ScienceComputing commented 11 months ago

OK, but those IDs don't exist in your anndata object. You'll need to convert them to whatever form is in your anndata object (maybe they have a different id or maybe gene names are used).

Many thanks for your insights!

You are right. I write the codes below and no error occurs.

import re
strings = adata.var_names
adata.var_names = [re.sub(r"\.\d+", "", x) for x in strings]
print("\nDisplay 30 modified gene names.")
print(adata.var_names[:30])

Display 30 modified gene names.

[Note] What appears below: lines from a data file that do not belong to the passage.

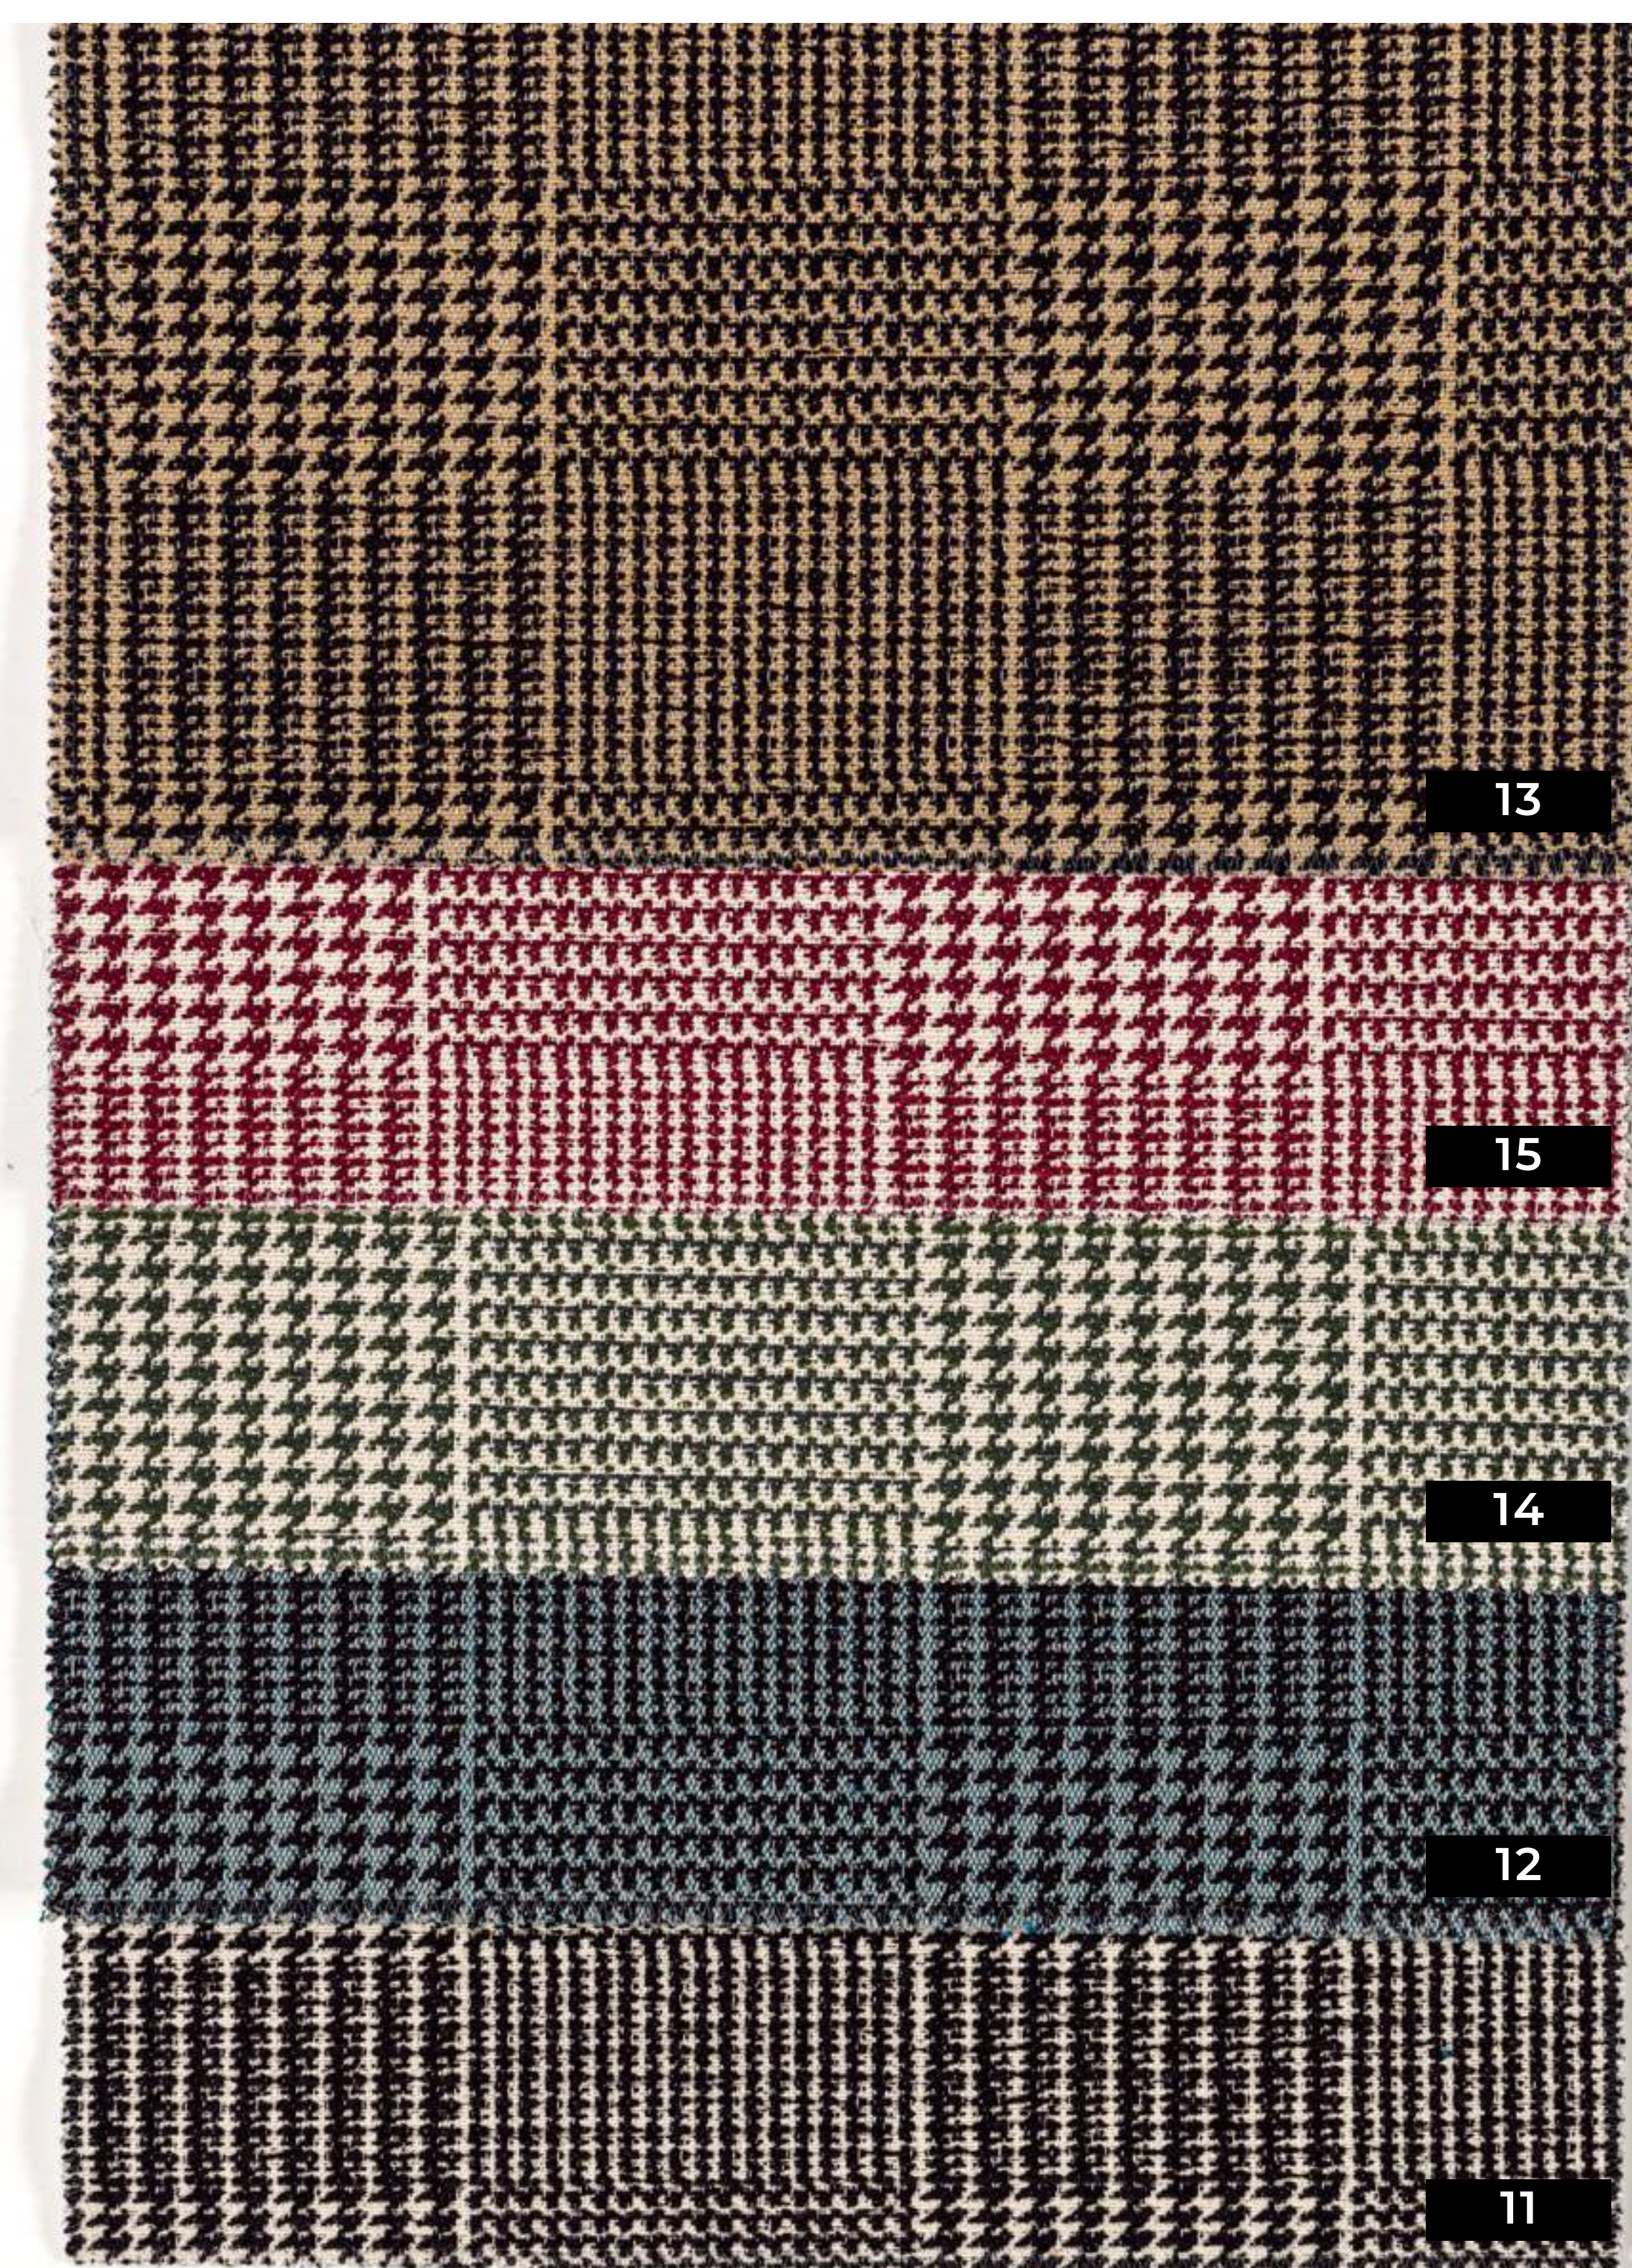

cat.A

TESSUTO
FABRIC
TISSU
TELA

UPDATED 06 • 2022

la casa
moderna

RUBENS

TESSUTO
FABRIC
TISSU
TELA

cat.A

UPDATED 01 • 2022

la casa
moderna

BASQUIAT

cat.B

TESSUTO
FABRIC
TISSU
TELA

BLUSH

TESSUTO
FABRIC
TISSU
TELA

cat.B

*Antimacchia e idrorepellente
Stain and water repellent
Anti-tache et hydrofuge
Antimanchas e hidrófobas*

Index(['ENSMUSG00000102693', 'ENSMUSG00000064842', 'ENSMUSG00000051951', 'ENSMUSG00000102851', 'ENSMUSG00000103377', 'ENSMUSG00000104017', 'ENSMUSG00000103025', 'ENSMUSG00000089699', 'ENSMUSG00000103201', 'ENSMUSG00000103147', 'ENSMUSG00000103161', 'ENSMUSG00000102331', 'ENSMUSG00000102348', 'ENSMUSG00000102592', 'ENSMUSG00000088333', 'ENSMUSG00000102343', 'ENSMUSG00000025900', 'ENSMUSG00000102948', 'ENSMUSG00000104123', 'ENSMUSG00000025902', 'ENSMUSG00000104238', 'ENSMUSG00000102269', 'ENSMUSG00000096126', 'ENSMUSG00000103003', 'ENSMUSG00000104328', 'ENSMUSG00000102735', 'ENSMUSG00000098104', 'ENSMUSG00000102175', 'ENSMUSG00000088000', 'ENSMUSG00000103265'], dtype='object')

It would be nice if the tutorial will add an ID conversion step, so that when learning and following your python codes, we won't meet any mismatch between the IDs in AnnData object and the queried IDs in the database.

Yenaled commented 11 months ago

Great! And unfortunately, those tutorials haven't been updated in a long time but, because we just released the new version of kallisto (0.50.0) and bustools (0.43.0), they will undergo complete reconstruction soon.